Resta da capire per quale motivo, da anni, Ferrara scarichi fango e veleno proprio su Spataro, Pomarici (anche per l’inchiesta che portò all’arresto e alla condanna di mandanti ed esecutori del delitto Calabresi) e Boccassini (anche per le inchieste sulla corruzione al palazzo di giustizia di Roma): usando le stesse categorie mentali di Ferrara, che individua in chiunque persegua i metodi illegali della Cia e del Sismi dei sicuri complici del terrorismo sanguinario, bisognerebbe concludere che il Ferrara è oggettivamente complice di tutti i delinquenti assicurati alla giustizia, nel corso degli anni, da Spataro, Boccassini e Pomarici.
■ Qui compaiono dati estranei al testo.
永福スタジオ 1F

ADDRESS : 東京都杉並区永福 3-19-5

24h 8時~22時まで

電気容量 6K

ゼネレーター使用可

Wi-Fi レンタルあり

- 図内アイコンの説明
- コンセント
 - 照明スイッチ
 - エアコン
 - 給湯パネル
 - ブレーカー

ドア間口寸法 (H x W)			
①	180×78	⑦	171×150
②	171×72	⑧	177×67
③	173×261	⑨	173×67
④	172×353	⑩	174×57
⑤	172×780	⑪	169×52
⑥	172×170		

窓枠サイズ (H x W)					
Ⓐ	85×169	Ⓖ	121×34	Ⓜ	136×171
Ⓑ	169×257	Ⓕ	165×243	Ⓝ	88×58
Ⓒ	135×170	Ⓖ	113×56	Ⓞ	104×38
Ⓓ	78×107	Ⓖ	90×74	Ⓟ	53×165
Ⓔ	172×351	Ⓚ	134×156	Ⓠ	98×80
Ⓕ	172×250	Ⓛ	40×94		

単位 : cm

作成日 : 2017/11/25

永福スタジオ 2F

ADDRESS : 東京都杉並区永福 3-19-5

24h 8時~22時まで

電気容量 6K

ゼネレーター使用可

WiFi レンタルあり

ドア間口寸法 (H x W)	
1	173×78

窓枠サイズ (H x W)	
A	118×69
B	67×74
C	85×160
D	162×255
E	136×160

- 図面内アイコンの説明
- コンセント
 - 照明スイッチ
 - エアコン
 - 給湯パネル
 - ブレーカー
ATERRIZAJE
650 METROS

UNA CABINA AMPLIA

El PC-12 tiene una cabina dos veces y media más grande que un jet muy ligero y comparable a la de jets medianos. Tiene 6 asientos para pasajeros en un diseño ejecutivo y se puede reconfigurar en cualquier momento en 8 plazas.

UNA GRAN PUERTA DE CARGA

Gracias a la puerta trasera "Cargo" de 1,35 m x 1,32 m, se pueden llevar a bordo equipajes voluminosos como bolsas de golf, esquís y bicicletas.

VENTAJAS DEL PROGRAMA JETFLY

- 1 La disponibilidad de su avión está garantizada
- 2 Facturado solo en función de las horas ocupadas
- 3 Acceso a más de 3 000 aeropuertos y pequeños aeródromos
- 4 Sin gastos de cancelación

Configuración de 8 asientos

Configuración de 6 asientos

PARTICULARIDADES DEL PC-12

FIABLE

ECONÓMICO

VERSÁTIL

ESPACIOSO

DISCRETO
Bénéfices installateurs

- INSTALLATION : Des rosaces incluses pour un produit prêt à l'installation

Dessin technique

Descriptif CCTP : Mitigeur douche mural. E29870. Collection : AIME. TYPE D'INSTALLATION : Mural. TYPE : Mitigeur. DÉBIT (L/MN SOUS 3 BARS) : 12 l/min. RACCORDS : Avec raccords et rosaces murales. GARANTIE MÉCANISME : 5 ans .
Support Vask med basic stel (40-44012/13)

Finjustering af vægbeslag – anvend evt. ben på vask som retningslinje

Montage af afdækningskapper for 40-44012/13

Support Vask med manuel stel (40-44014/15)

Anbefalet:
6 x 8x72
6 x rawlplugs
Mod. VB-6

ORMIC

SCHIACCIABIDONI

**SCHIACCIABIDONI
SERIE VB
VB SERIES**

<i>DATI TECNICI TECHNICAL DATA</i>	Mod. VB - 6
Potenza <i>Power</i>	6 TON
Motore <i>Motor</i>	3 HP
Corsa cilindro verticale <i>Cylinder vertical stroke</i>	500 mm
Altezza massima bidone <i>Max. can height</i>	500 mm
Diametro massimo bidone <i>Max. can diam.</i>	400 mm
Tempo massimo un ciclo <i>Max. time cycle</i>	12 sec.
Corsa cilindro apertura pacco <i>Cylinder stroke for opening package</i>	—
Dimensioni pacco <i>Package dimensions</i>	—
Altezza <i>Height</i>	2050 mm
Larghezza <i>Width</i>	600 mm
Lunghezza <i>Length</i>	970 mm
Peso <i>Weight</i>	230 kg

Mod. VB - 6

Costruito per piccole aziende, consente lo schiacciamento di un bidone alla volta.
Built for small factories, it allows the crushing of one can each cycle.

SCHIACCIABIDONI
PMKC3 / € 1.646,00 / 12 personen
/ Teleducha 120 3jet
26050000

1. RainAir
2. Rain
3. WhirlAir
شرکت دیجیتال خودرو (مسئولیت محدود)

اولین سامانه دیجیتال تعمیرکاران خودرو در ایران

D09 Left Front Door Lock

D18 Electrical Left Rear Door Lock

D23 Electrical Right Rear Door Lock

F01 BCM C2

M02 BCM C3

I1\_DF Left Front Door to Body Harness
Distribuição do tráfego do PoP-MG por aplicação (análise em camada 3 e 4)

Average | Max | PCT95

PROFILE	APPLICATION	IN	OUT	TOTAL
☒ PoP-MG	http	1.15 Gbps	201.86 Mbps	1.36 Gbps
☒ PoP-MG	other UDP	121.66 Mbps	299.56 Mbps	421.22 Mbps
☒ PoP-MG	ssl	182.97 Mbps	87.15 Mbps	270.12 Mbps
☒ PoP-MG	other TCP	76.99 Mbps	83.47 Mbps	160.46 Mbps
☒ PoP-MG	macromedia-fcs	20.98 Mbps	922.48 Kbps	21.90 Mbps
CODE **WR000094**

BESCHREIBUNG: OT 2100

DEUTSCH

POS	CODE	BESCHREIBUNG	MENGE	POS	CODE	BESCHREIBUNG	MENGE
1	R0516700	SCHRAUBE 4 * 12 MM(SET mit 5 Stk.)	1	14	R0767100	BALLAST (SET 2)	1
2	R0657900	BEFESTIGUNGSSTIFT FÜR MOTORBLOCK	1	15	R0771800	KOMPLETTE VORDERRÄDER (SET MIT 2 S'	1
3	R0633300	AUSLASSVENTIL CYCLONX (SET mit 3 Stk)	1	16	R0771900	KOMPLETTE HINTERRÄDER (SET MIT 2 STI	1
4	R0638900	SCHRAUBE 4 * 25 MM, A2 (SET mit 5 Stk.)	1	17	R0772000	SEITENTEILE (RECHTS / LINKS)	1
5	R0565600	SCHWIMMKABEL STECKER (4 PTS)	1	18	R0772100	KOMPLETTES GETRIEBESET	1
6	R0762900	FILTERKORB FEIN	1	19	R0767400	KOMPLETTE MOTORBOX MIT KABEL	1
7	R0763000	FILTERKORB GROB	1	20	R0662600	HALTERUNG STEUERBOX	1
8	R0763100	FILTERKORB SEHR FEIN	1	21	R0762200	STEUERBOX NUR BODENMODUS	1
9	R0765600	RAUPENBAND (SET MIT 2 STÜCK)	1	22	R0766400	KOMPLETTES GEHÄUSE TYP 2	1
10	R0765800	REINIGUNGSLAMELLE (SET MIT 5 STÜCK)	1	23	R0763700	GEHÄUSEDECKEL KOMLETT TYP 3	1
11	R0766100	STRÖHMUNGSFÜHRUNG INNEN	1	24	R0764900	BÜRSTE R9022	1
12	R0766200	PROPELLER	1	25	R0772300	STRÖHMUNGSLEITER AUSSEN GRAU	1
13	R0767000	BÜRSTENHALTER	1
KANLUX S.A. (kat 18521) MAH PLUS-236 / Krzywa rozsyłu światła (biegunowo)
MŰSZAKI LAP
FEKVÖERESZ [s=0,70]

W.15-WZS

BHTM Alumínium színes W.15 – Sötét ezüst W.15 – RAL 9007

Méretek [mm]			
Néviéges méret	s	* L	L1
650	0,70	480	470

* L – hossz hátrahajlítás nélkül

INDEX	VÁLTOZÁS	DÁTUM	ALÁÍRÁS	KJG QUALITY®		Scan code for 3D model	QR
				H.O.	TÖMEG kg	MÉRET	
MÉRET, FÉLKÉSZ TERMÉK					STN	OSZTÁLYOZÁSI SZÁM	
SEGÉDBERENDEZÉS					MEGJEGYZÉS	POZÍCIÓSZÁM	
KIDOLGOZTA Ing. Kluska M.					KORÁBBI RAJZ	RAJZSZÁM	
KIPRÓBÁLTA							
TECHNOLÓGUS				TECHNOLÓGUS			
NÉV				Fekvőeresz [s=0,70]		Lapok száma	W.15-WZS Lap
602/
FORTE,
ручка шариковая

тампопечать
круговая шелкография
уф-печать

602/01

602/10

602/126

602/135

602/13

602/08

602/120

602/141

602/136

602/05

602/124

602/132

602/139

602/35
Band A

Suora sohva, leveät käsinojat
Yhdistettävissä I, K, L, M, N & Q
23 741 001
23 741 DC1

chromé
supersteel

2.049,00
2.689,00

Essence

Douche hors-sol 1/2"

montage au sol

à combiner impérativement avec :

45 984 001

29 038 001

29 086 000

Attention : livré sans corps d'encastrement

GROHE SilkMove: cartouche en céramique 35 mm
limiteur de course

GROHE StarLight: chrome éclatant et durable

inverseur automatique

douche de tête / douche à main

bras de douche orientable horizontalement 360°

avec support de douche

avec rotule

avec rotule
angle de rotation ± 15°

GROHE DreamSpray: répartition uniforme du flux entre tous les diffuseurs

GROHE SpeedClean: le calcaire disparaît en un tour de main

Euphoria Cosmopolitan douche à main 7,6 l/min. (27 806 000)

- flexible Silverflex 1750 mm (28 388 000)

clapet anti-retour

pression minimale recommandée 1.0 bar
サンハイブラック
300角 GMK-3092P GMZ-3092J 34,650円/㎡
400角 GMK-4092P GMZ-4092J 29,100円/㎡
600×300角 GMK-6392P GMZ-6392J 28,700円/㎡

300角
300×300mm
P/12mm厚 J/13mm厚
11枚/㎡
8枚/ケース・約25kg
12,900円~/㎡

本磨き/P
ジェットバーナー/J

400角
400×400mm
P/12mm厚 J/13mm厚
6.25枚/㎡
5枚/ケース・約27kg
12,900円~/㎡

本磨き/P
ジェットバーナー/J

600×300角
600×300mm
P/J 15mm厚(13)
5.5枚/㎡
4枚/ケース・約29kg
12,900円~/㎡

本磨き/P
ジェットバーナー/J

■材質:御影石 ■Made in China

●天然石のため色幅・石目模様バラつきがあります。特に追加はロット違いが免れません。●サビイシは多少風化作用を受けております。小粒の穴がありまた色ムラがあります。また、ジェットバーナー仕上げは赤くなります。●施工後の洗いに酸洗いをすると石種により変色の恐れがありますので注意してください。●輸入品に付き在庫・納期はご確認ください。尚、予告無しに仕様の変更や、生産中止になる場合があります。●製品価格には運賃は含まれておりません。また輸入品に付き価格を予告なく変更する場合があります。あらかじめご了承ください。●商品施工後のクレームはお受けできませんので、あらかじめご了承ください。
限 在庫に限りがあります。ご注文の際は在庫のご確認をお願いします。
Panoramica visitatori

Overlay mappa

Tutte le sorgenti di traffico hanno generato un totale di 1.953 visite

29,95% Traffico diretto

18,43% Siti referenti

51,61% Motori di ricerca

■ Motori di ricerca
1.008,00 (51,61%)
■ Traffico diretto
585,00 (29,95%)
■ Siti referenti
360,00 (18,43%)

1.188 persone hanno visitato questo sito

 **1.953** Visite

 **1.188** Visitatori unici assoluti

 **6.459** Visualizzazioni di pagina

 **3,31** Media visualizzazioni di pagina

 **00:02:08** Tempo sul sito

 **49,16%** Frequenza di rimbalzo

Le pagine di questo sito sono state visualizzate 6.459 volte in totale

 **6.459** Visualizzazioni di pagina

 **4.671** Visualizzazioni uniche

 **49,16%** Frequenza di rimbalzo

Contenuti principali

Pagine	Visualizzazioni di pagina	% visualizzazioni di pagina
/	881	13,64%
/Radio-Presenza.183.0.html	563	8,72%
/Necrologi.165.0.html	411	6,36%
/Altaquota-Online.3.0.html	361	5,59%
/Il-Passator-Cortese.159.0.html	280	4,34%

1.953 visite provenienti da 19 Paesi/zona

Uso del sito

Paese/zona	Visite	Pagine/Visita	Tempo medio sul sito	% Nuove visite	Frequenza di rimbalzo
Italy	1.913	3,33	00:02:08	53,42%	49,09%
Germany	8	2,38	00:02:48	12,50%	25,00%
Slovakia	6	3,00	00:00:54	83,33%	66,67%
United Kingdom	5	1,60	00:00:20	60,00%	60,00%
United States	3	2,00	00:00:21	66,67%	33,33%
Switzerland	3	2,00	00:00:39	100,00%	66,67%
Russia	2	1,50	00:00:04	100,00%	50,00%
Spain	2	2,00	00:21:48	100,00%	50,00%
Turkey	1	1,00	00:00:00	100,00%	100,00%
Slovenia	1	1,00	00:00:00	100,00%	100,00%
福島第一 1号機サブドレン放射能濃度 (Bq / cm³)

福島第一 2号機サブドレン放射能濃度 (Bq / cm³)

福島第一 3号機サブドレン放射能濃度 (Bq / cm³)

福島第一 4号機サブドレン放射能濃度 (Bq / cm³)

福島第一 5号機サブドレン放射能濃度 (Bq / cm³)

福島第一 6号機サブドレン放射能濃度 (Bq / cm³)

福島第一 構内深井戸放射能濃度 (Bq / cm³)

Basti ricordare le sue commosse difese di Renato Squillante (“un uomo probo”), di Cesare Previti e dei responsabili del delitto Calabresi, uno dei quali tiene addirittura una rubrica fissa sul Foglio.

Il che, se non giustifica l’arresto immediato del Ferrara, è sufficiente a rendere auspicabile almeno una sua immediata rendition. I servizi di sicurezza nazionali e alleati lo prelevino dunque di peso dalla sua poltrona in largo Corsia dei Servi (mai toponomastica fu più azzeccata), lo conducano a Guantanamo (dove potrà toccare con mano il balsamico trattamento riservato a persone un po’ meno estremiste di lui) e lo sottopongano alla peggiore delle sevizie: la lettura ininterrotta, diurna e notturna, dei suoi articoli del periodo comunista. Crollerà subito.